Tuesday, December 6, 2016

Diaphragm Pump Controlled by Thermal Flow Sensor

Xiang Zheng Tu

  
A diaphragm pump controlled by a thermal flow sensor is shown in the above figure.
The pump assembly has a thermal flow sensor, a microcontroller, a NPN switch and a solenoid driven diaphragm pump. The microcontroller has a 10 bits ADC, due to noise and other accuracy diminishing factors, its true accuracy is less than 10 bits. This application provides a software-based oversampling technique, resulting in 16 bits resolution. When the diaphragm pump is in operation a fluid flow is driven to pass over the thermal flow sensor. The sensor measures the flow rate and output an electronic signal to the microcontroller. After ADC conversion a pulse width modulation (PWM) signal is generated by the microcontroller.  It is send to the NPN switch for applying a current to the solenoid driven diaphragm pump. The electromagnetic core of the diaphragm pump moves against a spring to slide a diaphragm into the discharge position. When current is removed, the diaphragm slides back into the suction position.

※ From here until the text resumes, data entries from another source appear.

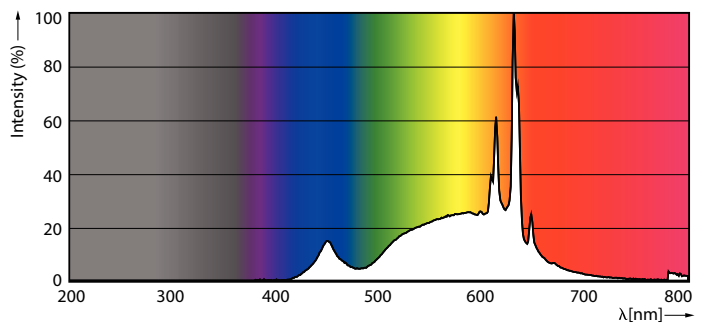

Produkt Daten

Allgemeine Informationen		Photobiologische Sicherheit gemäß EN 62471	
Sockel	E14	RG1	
Nennlebensdauer	15.000 Stunde(n)	Betrieb und Elektrik	
Schaltzyklus	50.000	Netzfrequenz	50 to 60 Hz
Beleuchtungstechnologie	LED	Eingangsfrequenz	50 bis 60 Hz
Garantiedauer	2 Jahre	Systemleistung	5 W
Lichttechnische Daten		Lampenstrom (Nom)	44 mA
Farbcode	827 [CCT of 2700K]	Äquivalente Leistung	40 W
Lichtstrom	470 lm	Startzeit (Nom)	0,5 s
Lichtfarbe	Warmweiß (WW)	Aufwärmzeit bis 60 % Licht	0,5 s
Ähnlichste Farbtemperatur	2700 K	Leistungsfaktor (Bruchteil)	0,51
Nennlichtausbeute (Nom)	94,00 lm/W	Spannung (Nom)	220-240 V
Farbkonsistenz	<6	Temperatur	
Farbwiedergabeindex (CRI)	80	Gehäusetemperatur (Nom)	81 °C
Restlichtstrom am Ende der Nennlebensdauer (Nom.)	70 %		

Abmessungsskizzen

Product	D	C
CorePro candle ND 5-40W E14 827 B35 FR	45 mm	87 mm

Photometrische Daten

General uniform lighting - CorePro candle ND 5-40W E14 827 B35 FR

Spectral Power Distribution Colour - CorePro candle ND 5-40W E14 827 B35 FR

There are two ways for controlling the flow rates of the diaphragm pumps. When the used PWM frequency is in the range of 25 to 200 Hz the solenoid responds (full stroke) over the duty cycle range of control. At zero duty cycle the solenoid does not move, the pump is not opened and therefore the flow is zero. At 50% duty cycle the solenoid moves through full stroke and opens the pump to full flow. Since the pump is only allowing full flow for 50% of the time, the time averaged flow in theory will be 50% of maximum flow. This type of control is called “digital” because the pump is fully open or fully closed, “on” or “off”. Other way is the PWM frequency limited in the range of 200 to 1000 Hz which produces the time averaged current and does not allow the solenoid to fully respond as in digital control. In this case linear position control is realized and any flow rate between zero and maximum can be chosen by the user.


Theoretically diaphragm pumps can produce the same flow at a given speed (RPM) no matter what the discharge pressure. However, a slight increase in internal leakage as the pressure increases prevents a truly constant flow rate. The following figure shows the measured flow rates in one-hour intervals for an infusion pump. The X-axis reference lines showed the acceptable flow rate (5 mL/h ± 15%). In all experiments, pumps initially infused at a rate faster than their nominal flow, and then returned closer to their set rates up to the complete deflation. The percentage of the flow rate error (deviation from 5 mL/h ± 15%) was 100% in the first and second hours of infusion, 96% in the third hour, 60% in the 20th hour and zero percent in the rest of the infusion time. Flow rate error in the initial hours of infusion was due to fast pump flows, and in the 20th hour due to slow infusion rates.